On a political level, Mr Donohoe would have been cognisant that any gains in the pockets of the many would quickly be lost if carbon taxes were imposed. That was apparently far more important than finally acknowledging that there is a price to be paid for saving the planet.

The Environmental Pillar umbrella group’s Oisin Coughlin put it best: “The Government’s U-turn on the carbon tax is a giant two fingers to younger generations who will face climate chaos unless we act to drastically cut pollution. A two fingers to everyone under 35, a two fingers to the Paris Agreement and a two fingers to the hundreds of millions of people already living with the devastating impacts of climate change in African, Asia and Latin America.

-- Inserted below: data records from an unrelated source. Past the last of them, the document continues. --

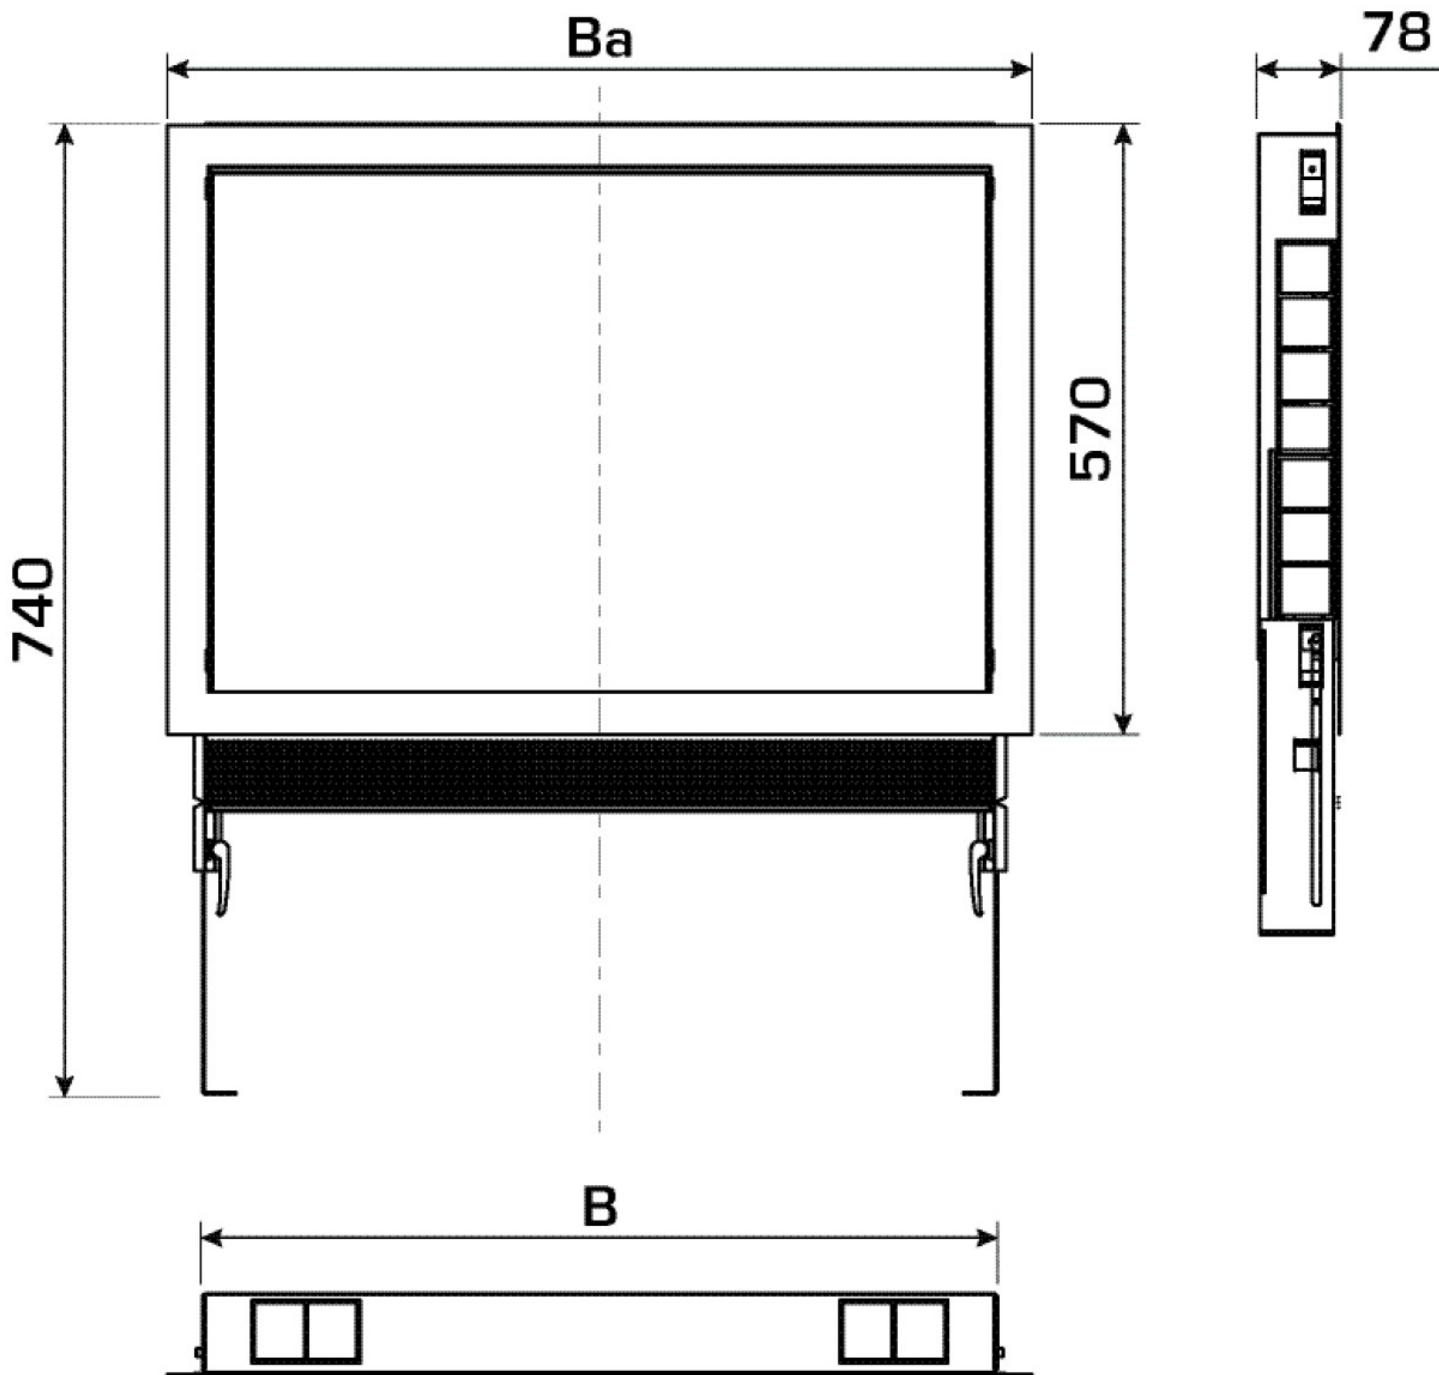

# KELOX<sub>FB</sub>

KM576 KELOX flush-mounted manifold cabinet  
with metal cover 13-15 L: 1350mm SET

9003500

## Areas of application

?Galvanised universal sheet metal cabinet (1mm), can be connected from below or at the side, height-adjustable feet with special length up to 32cm raised floor, plaster trim element below cabinet, including plaster net and plaster protection for inside the cabinet protruding on the plaster trim element, including manifold brackets, galvanised lockable front doors and frame, powder-coated. Space for straight or 90° connection sets KM593E. Number of manifold outlets matched to KMU590E, KMP590E, KMP590Z and KMP590D FB stainless steel manifolds!

Colour: white (RAL 9016)

Cabinet depth: 75mm

Installation height: 630mm above finished floor

**KE KELIT GmbH**

A 4020 Linz, Ignaz-Mayer-Straße 17, Austria, Europe

**PHONE** +43 (0) 50 779 **E-MAIL** [office@kekelit.com](mailto:office@kekelit.com)

## Product information

**VPE1** 1,00 KT1

**VPE2** 10,00 PAL

**weight** 19,700 KGM

**text** KELOX flush-mounted manifold cabinet with metal cover

**INTRNR** 84818099

**code** KM576

Art. No	label	t mm
9003500	13-15 L: 1350mm SET	78

A more mundane and less urgent issue in terms of the planet was the failure to address the domestic issue that dare not speak its name —third-level funding.The minister mentioned €1.4 billion for education but made no mention of the crisis in the third level sector and the refusal of the whole political system to address it.

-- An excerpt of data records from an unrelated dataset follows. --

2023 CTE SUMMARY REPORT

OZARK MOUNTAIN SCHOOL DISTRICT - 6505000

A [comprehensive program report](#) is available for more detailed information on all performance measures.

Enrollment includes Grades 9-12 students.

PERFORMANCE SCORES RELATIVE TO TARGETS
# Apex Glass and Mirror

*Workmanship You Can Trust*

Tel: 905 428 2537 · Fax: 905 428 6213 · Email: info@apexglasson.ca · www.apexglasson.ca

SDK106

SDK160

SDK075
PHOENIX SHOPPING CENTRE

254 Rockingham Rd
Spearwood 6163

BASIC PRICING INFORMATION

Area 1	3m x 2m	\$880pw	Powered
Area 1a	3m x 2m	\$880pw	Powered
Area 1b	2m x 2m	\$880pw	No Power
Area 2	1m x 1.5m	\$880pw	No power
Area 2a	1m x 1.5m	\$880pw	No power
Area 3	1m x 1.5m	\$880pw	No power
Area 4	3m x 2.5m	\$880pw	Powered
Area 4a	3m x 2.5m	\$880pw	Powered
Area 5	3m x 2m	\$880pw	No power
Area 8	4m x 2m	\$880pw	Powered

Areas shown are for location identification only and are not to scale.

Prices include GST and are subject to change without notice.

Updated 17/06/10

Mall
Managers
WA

“This is a caring and responsible budget for a modern Ireland,” he said.

For the first time in a decade we have balanced our books. We are more secure as a country and better able to care for people and families.

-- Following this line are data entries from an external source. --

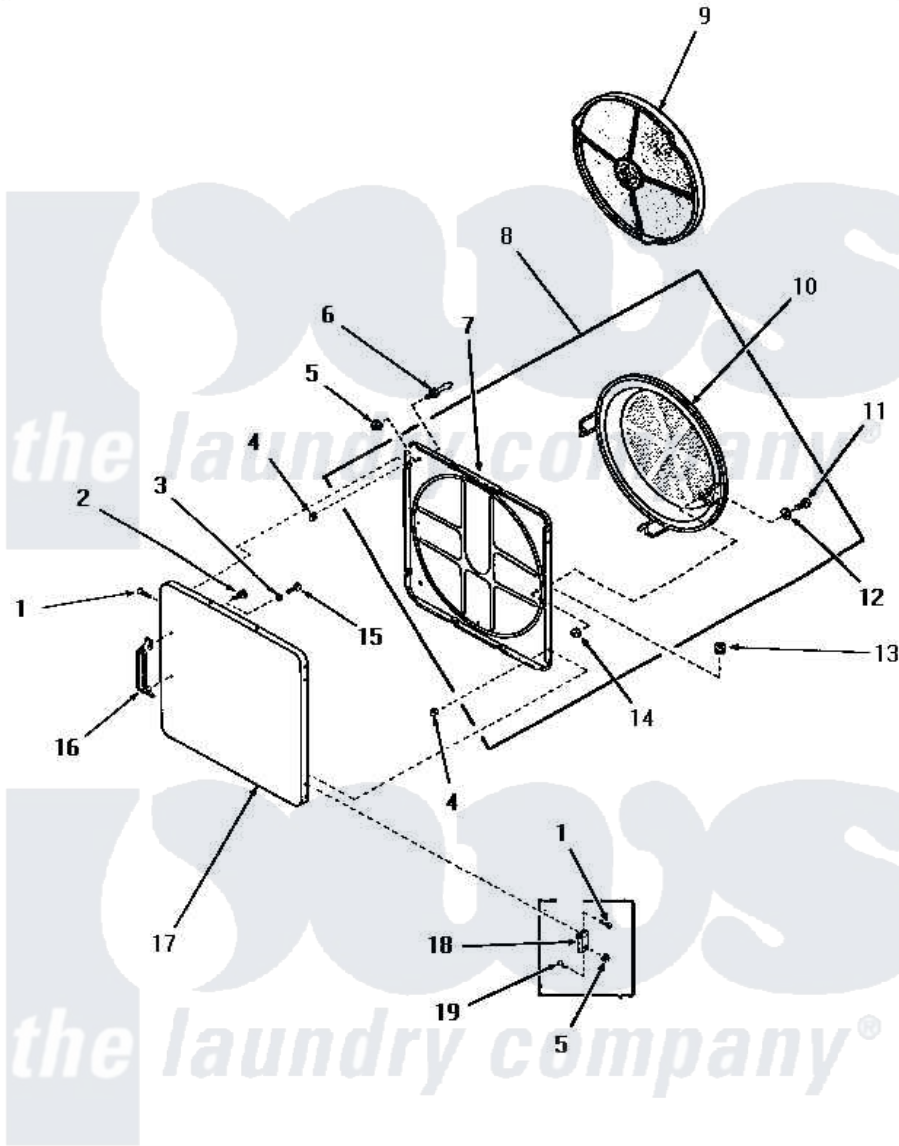

Amana DE6230 14 - LOADING DOOR

LOADING DOOR
(Through Serial Nos. 31V9368 and S66Y580)

Amana [Residential Amana DE6230 Washer Parts](#) Parts Diagram 14 - LOADING DOOR
 Click on the part number to view part

Item	Original Part Number	Replaced By	Status	Part Description
1	52864	500226		Screw, 8b-16 x 5/8 Tap
2	52150	489464		Screw
3	Y20278		Not Available	LOCKWASHER
4	52865		Not Available	SPEED NUT
5	51236	488130		Nut
6	51992			Strike, Door
7	54730		Not Available	INNER DOOR PANEL
8	54738		Not Available	ASSY,HOUSING & PANEL
9	53002		Not Available	NO LONGER AVAILABLE
10	54731	54-731		Bake Element
11	24688		Not Available	CAP SCREW
12	Q6275		Not Available	WASHER
13	51858			Grommet
14	52566	27001225		Nut, Jam Mid Lock 1/4-20
15	22024	20001169		22024 24
16	54068	61925		Pull Door Commercial Black

17	52489A	Not Available	OUTER DOOR PANEL, AVOCADO
"	52489C	Not Available	OUTER DOOR PANEL, COPPERTONE
"	52489H	Not Available	OUTER DOOR PANEL, HARVEST GOLD
"	52489W	Not Available	OUTER DOOR PANEL, WHITE
18	70014		Hinge
19	22649		Screw, 8-32 X 13/32 FI

Not so, declared a succession of opposition politicians. First up were Fianna Fáil’s Michael McGrath and Barry Cowen. They stood on high indignation at the heartless and crass attempt by Fine Gael to be inclusive. They huffed and puffed, but had to duck for fear of a belt from the blowback.

Pearse Doherty, by contrast, gave good, old-fashioned anger. He made a valid point about “Amanda” - the teenager living in a hotel room whose story was recently highlighted on RTÉ. Mr Donohoe had mentioned that this was his third budget (the first was as Minister for Public Expenditure). Mr Doherty made the point that at the time of the minister’s first budget Amanda had no home, as was the case for his second budget and now remains the case for this third.

“There are tens of thousands of Amandas out there.” On the whole, Mr Doherty gave the best speech of the day simply because he touched all bases, made a case for all interests and felt all pain. Whether our country and our people would be better off with his plans is a moot point, but he certainly harked back to a time when Budget Day got the blood rising and the rhetoric flowing.